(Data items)
↓
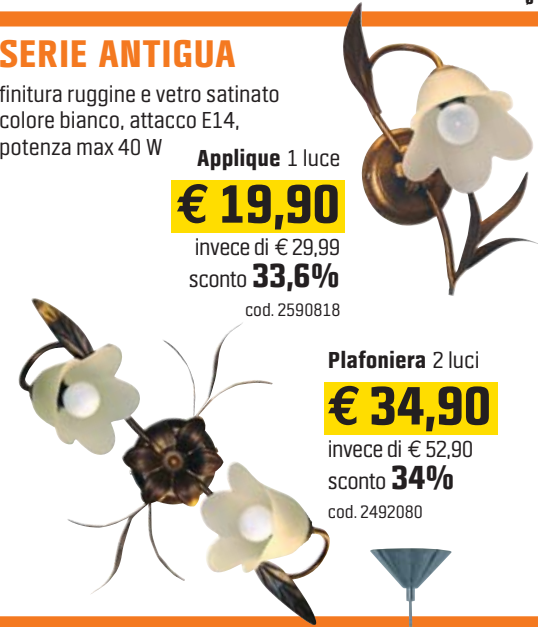

SOSPENSIONE

"LAMPARA", struttura in metallo e paralume in vetro bianco effetto graffiato, attacco E27, potenza 100 W, H cm 105

€ 39,90

invece di € 52,90
sconto **24,5%**
cod. 3276052

PLAFONIERA

"AERO" in vetro bianco, ganci in metallo finitura nickel, attacco E27, potenza 100 W
cod. 2881134

19,90 €

invece di € 34,90 sconto **42,9%**

Disponibile anche 2 luci, potenza max 60 W, cm 41 x 41

€ 29,90

cod. 2881118

SERIE ANTIGUA

finitura ruggine e vetro satinato colore bianco, attacco E14, potenza max 40 W

Applique 1 luce
€ 19,90

invece di € 29,99
sconto **33,6%**
cod. 2590818

Plafoniera 2 luci

€ 34,90

invece di € 52,90
sconto **34%**
cod. 2492080

Disponibili anche:
lumetto

€ 19,90

cod. 2493757
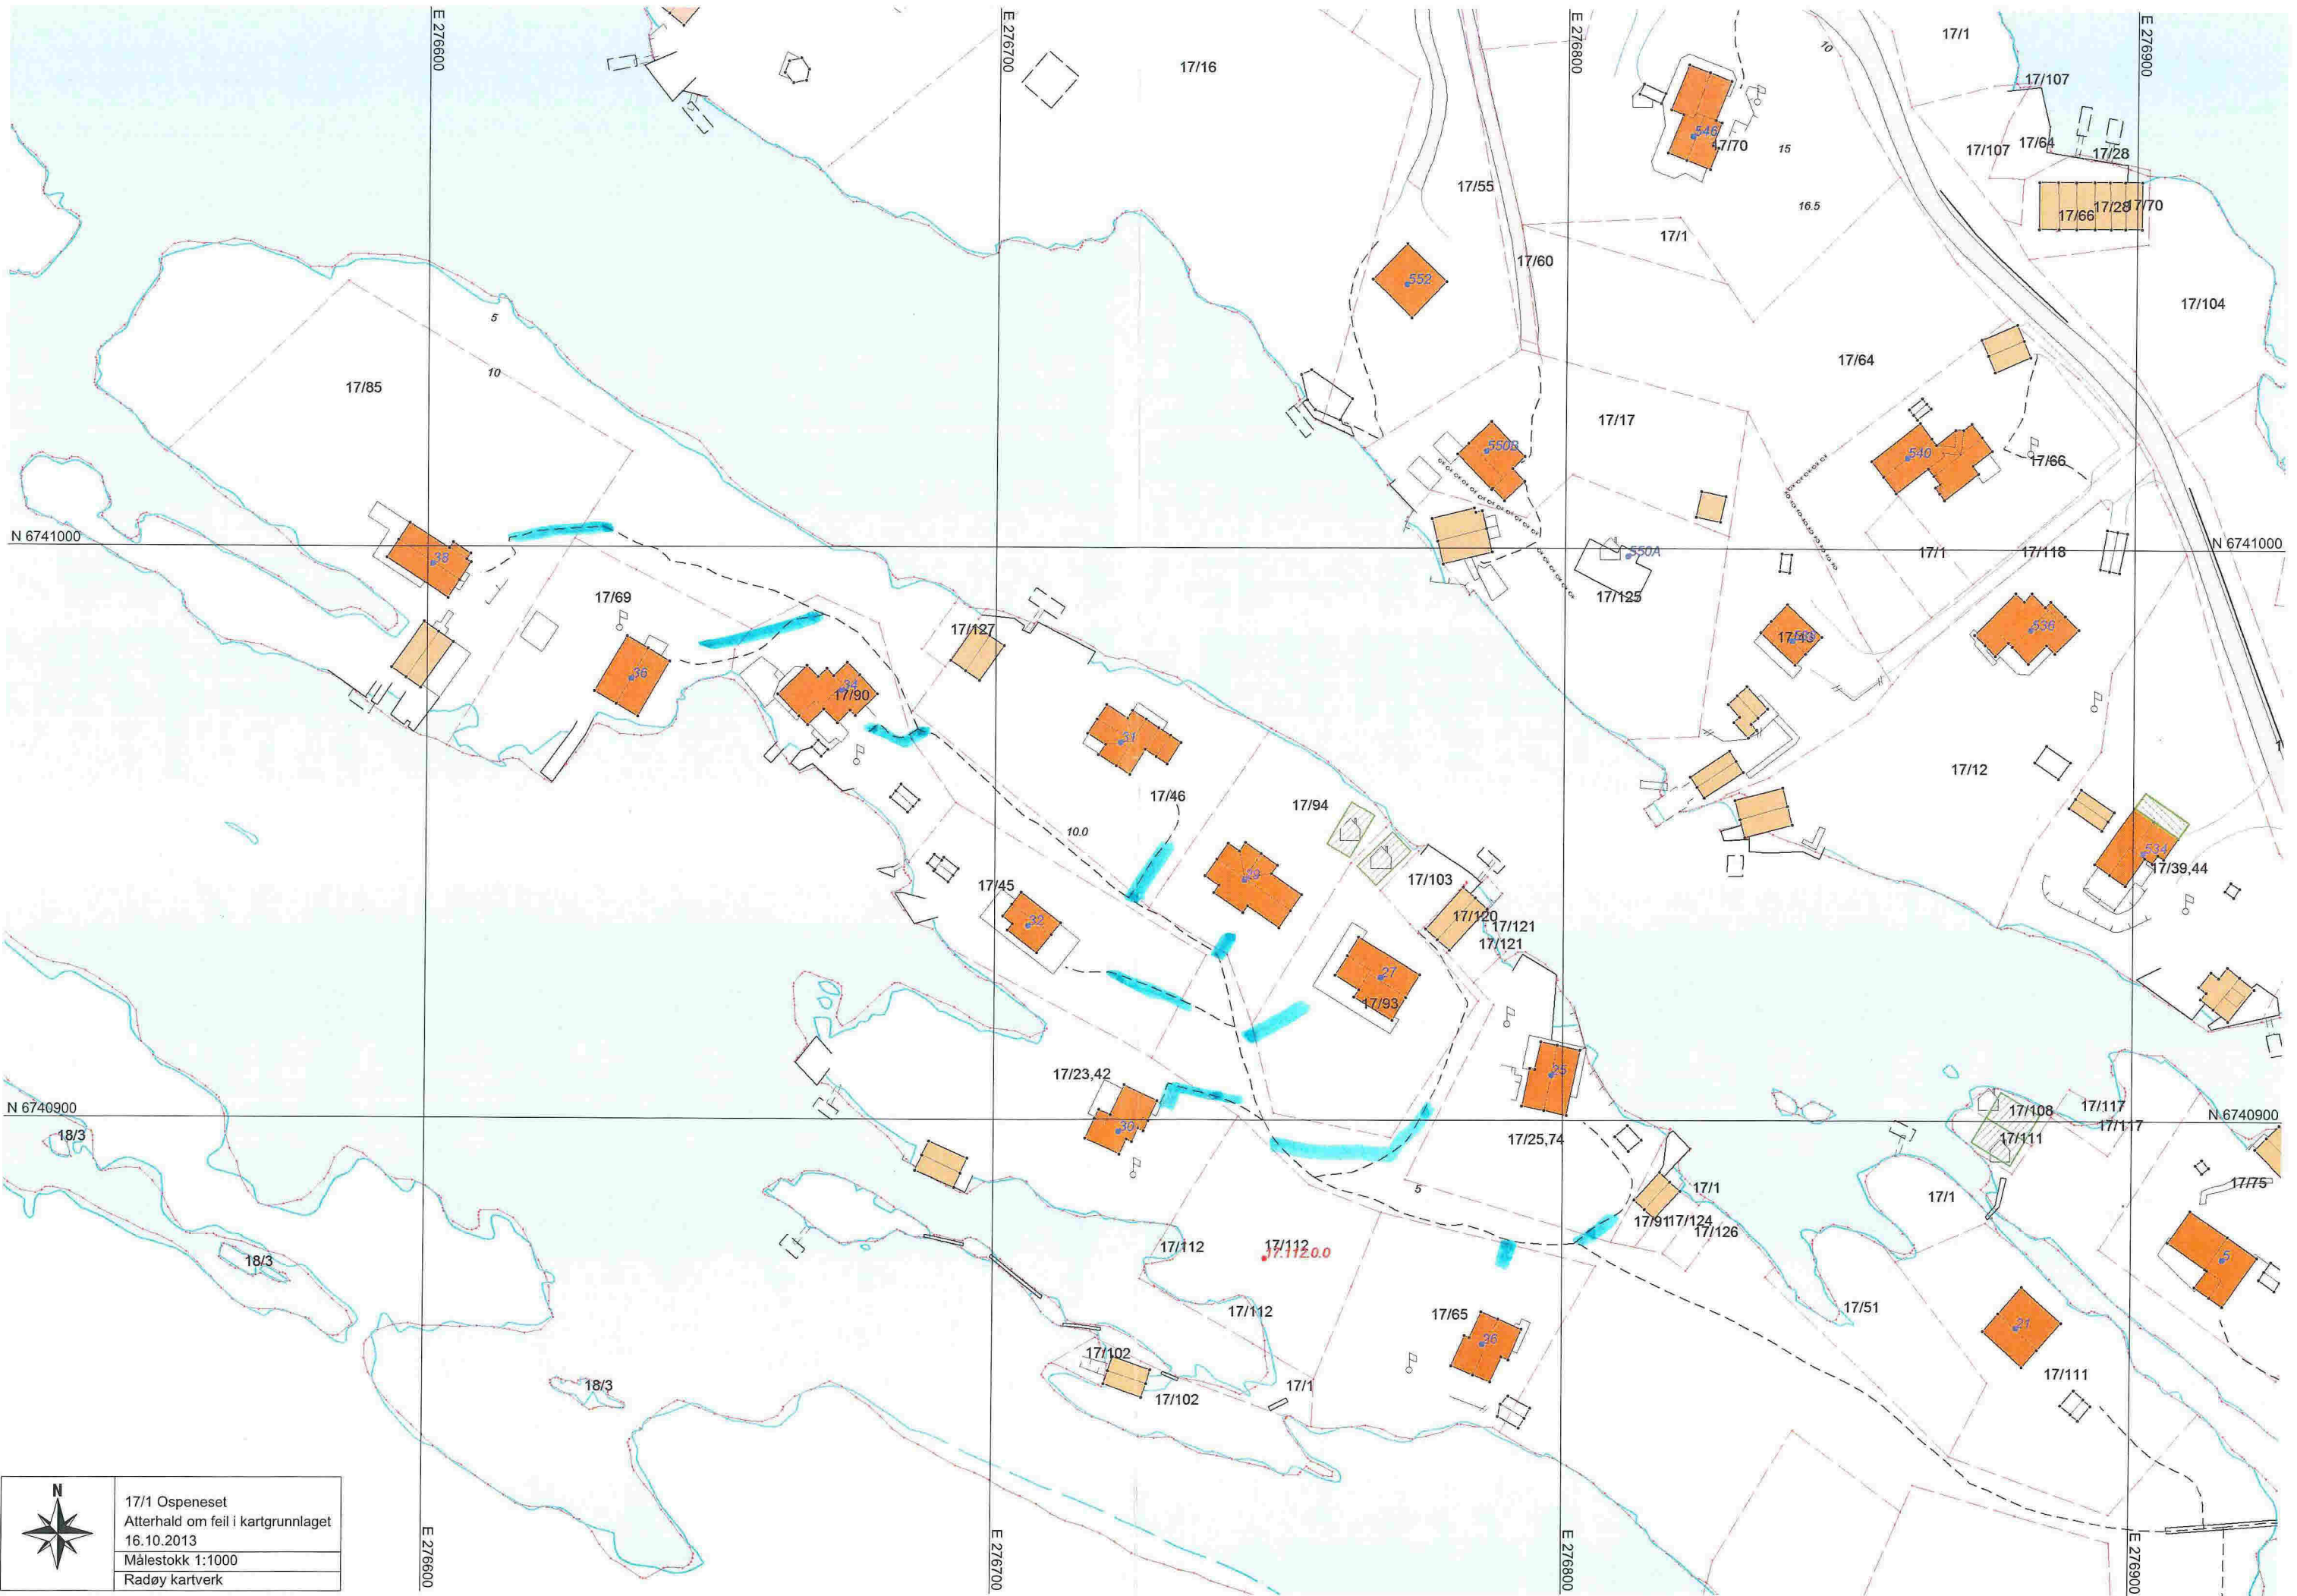

	17/1 Ospeneset
	Atterhald om feil i kartgrunnet
	16.10.2013
	Målestokk 1:1000
Radøy kartverk	

	17/1 Ospeneset
	Atterhald om feil i kartgrunnlaget
	Målestokk 1:1000
	Radøy kartverk
↑
** Task goal **
This task calls for the records to be copied exactly, without pictures.

** Expected answer **
SOSPENSIONE

"LAMPARA", struttura in metallo e paralume in vetro bianco effetto graffiato, attacco E27, potenza 100 W, H cm 105

€ 39,90

invece di € 52,90
sconto **24,5%**
cod. 3276052

PLAFONIERA

"AERO" in vetro bianco, ganci in metallo finitura nickel, attacco E27, potenza 100 W
cod. 2881134

19,90 €

invece di € 34,90 sconto **42,9%**

Disponibile anche 2 luci, potenza max 60 W, cm 41 x 41

€ 29,90

cod. 2881118

SERIE ANTIGUA

finitura ruggine e vetro satinato colore bianco, attacco E14, potenza max 40 W

Applique 1 luce
€ 19,90

invece di € 29,99
sconto **33,6%**
cod. 2590818

Plafoniera 2 luci

€ 34,90

invece di € 52,90
sconto **34%**
cod. 2492080

Disponibili anche:
lumetto

€ 19,90

cod. 2493757

	17/1 Ospeneset
	Atterhald om feil i kartgrunnet
	16.10.2013
	Målestokk 1:1000
Radøy kartverk	

	17/1 Ospeneset
	Atterhald om feil i kartgrunnlaget
	Målestokk 1:1000
	Radøy kartverk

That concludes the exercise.